### What is required:
In the data below, how many lines contain the string "Percent"? Reply with the number only.

### Data supplied:
::::::::
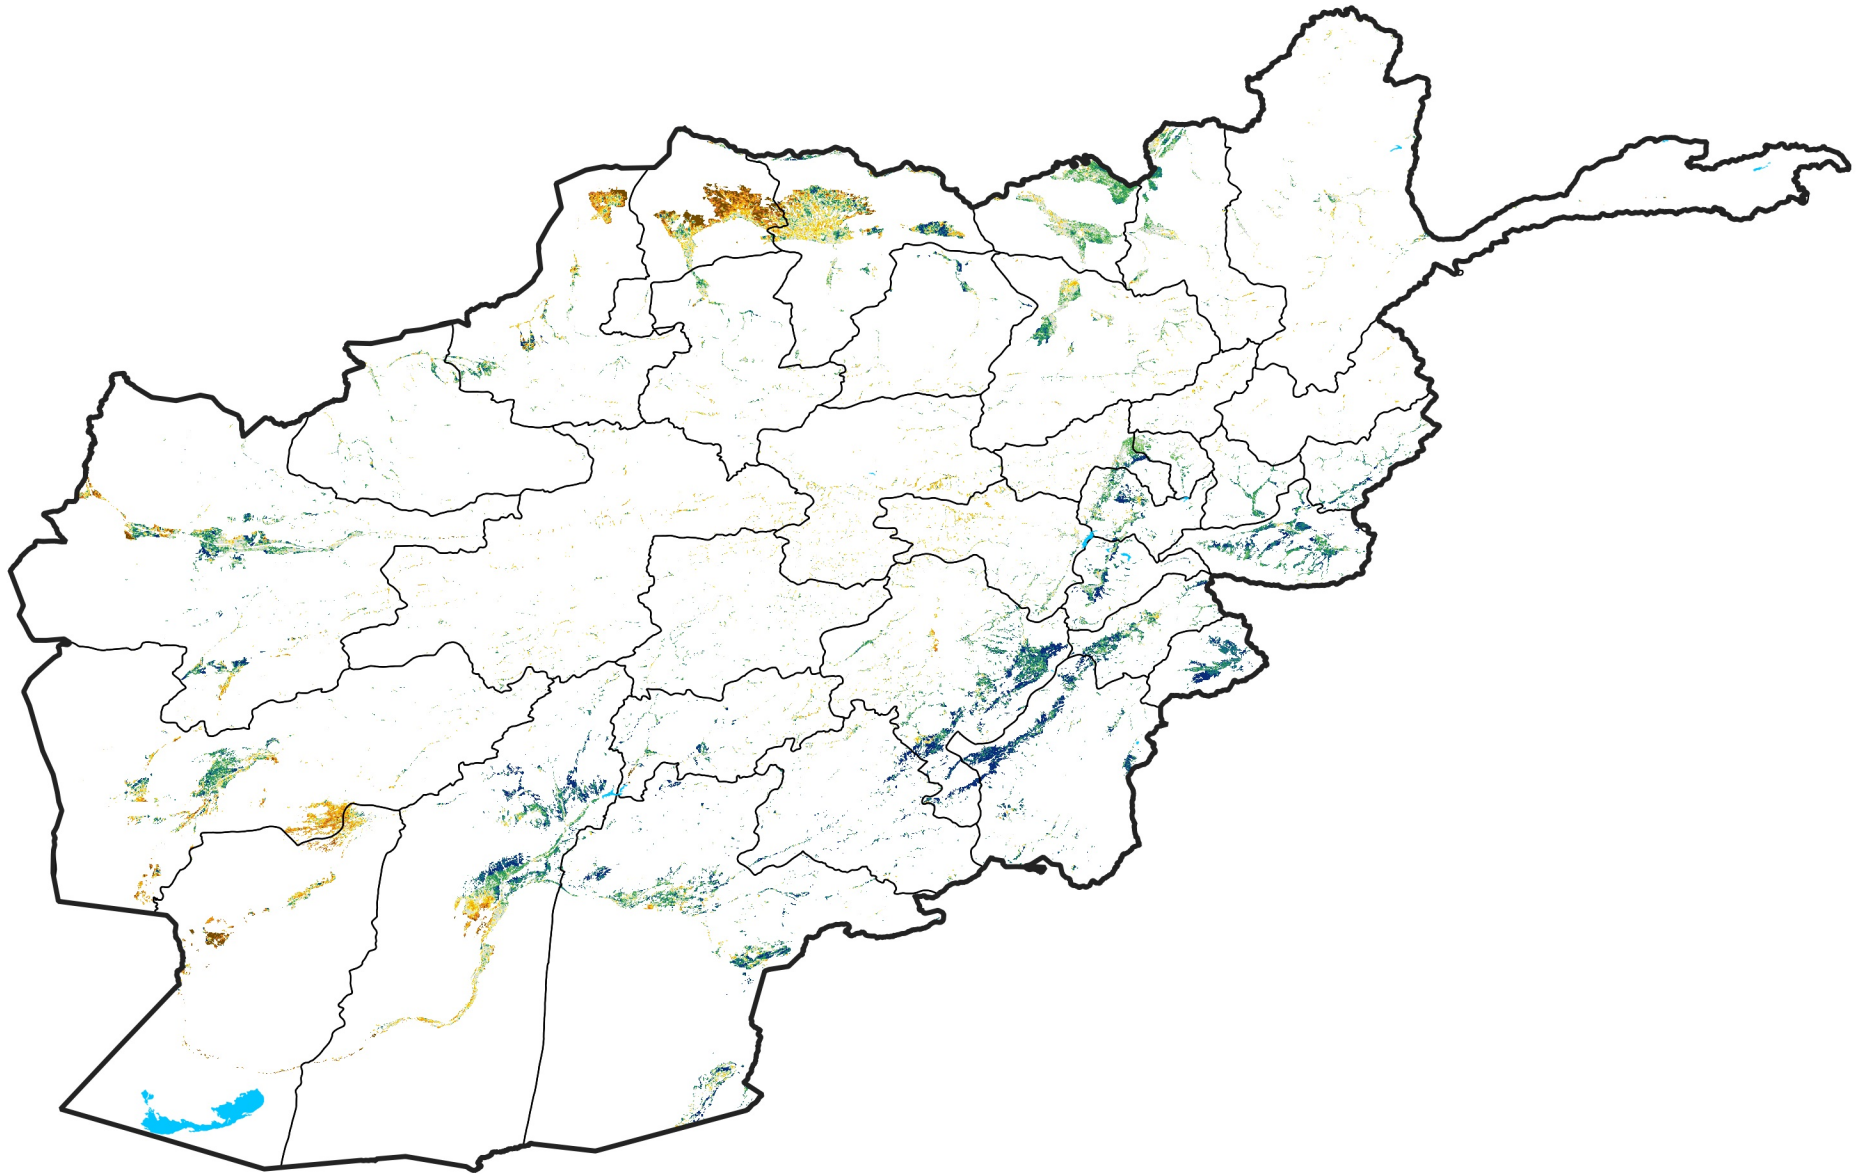

Afghanistan Irrigated Agricultural Areas

Percent of Mean NDVI

2024 / mean (2003 - 2022)

Period 15 / May 21 - 31, 2024

Percent of Normal
::::::::
### Your solution:
2